━━━━━ Provided records
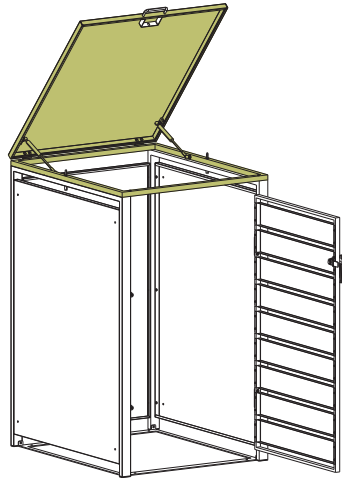

Installation Guide

ECOBLCS – Bin Storage with Lid, Charcoal, Single

ECOBLWS – Bin Storage with Lid, Charcoal and Woodgrain, Single

| | | | | | | |
|-------------------------------------------------------------------------------------------------------|--------------------------------------------------------------------------------------------------------|--------------------------------------------------------------------------------------------|----------------------------------------------------------------------------------------------|----------------------------------------------------------------------------------------------|---------------------------------------------------------------------------------------------------------|--------------------------------------------------------------------------------------------------------|
| A1x1  | Cx1  | Dx1  | Ex1  | F1x1  | | |
| Hx1  | I1x2  | Jx1  | Kx2  | Lx4  | | |
| Mx1  | Nx1  | Ox1  | Px2  | Qx4  | Rx10  M4x10mm | Sx8  M4x20mm |
| Tx6  M4x30mm | Ux16  M4x14mm | Vx1  | Wx4  | Xx4  | Yx1  | Zx1  |

If you want to connect another bin storage please use part S, W and X.

STEP 1

STEP 2

STEP 3

STEP 4

STEP 5

F1x1

Tx6
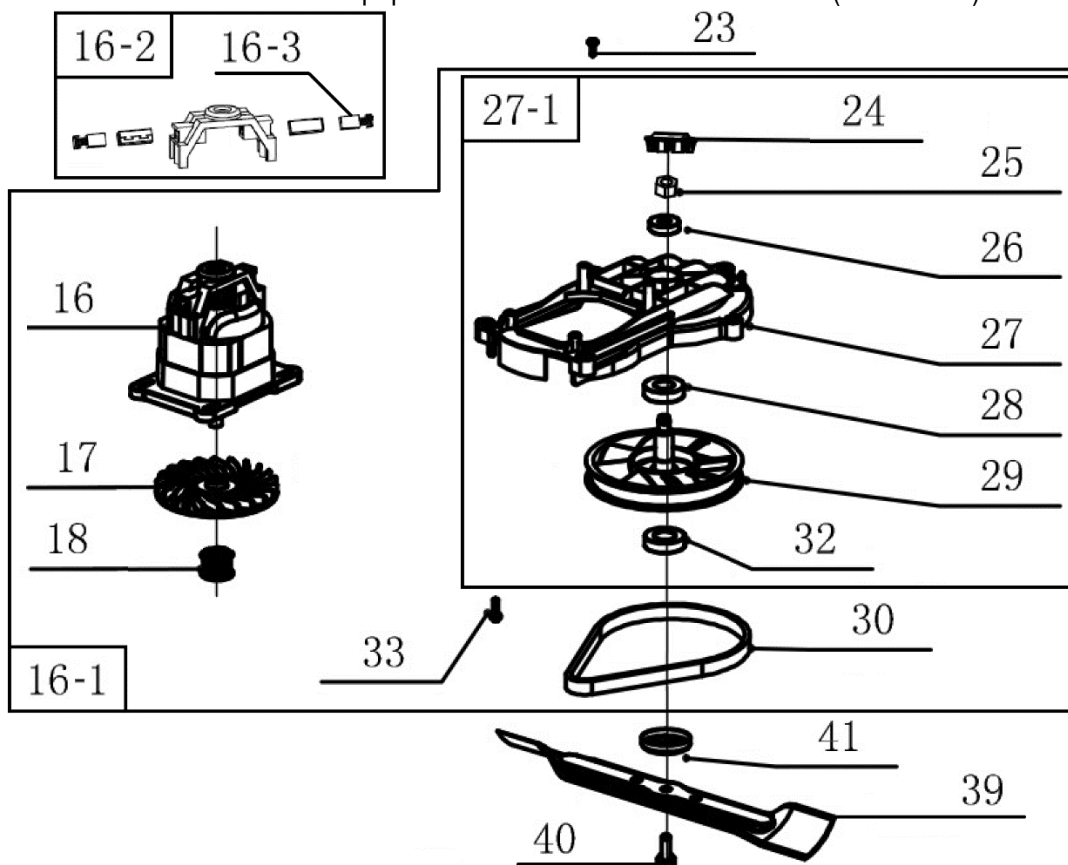

№	Артикул	Наименование	Σ	№	Артикул	Наименование	Σ
1	4080065	Выключатель, комплект с рычагом	1	7	301070741	Гайка барашковая	2
2	104030163	Винт самонарезающий	2	8	104020008	Гайка	2
3	4990165	Рукоятка, верхняя часть	1	9	104040136	Болт мебельный	2
4	301070343	Держатель кабеля	1	10	4050139А	Рукоятка нижняя правая	1
5	301070355	Хомут	2	11	4050138А	Рукоятка нижняя левая	1
6	104010030	Шайба	2	12	104030357	Винт самонарезающий	2

№	Артикул	Наименование	Σ	№	Артикул	Наименование	Σ
13	301070396	Рукоятка	1	21	104030161	Винт самонарезающий	6
14	301070910	Накладка	1	22	105990144	Уплотнитель поролоновый	1
15	301070930	Крышка корпуса	1	31	301990135	Хомут прижимной кабеля	1
20		Винт самонарезающий	2	38	301070576AD	Дека (шасси)	1

№	Артикул	Наименование	Σ	№	Артикул	Наименование	Σ
16		Двигатель	1	27	301070575A	Суппорт крепления двигателя	1
16-1	4070155	Двигатель в сборе с суппортом	1	27-1	1000MSET3	Суппорт крепл. двигателя в сборе	1
16-2	1000MSET1	Корпус щеткодержателя, к-т	1	28	04035301003	Подшипник 6002	1
16-3	102060035	Щетка	2	29	301070895	Шкив ведомый	1
17	301070572	Крыльчатка	1	30	105990072A	Ремень 4PJ457/180J	1
18	103070119	Шкив ведущий	1	32	103050242	Подшипник 6902	1
23	104030162	Винт самонарезающий	7	33	104030378	Винт самонарезающий	4
24	301070860	Пыльник	1	39	C5185	Нож	1
25	104020020	Гайка	1	40	104040205	Болт крепления ножа	1
26	103050243	Подшипник 609	1	41	103990639	Крышка	1

№	Артикул	Наименование	Σ	№	Артикул	Наименование	Σ
42	104030211	Винт самонарезающий	1	45	301070578	Травосборник, нижняя часть	1
43	103060044-1	Пружина	1	46	301070579	Травосборник, верхняя часть	1
44	301070577	Крышка отсека травосборника	1	47	301070580	Рукоятка	1
━━━━━━━━━━
• Exercise: Gather up every line in the data above that contains the word "with", copying each one.

• Written reply:
ECOBLCS – Bin Storage with Lid, Charcoal, Single
ECOBLWS – Bin Storage with Lid, Charcoal and Woodgrain, Single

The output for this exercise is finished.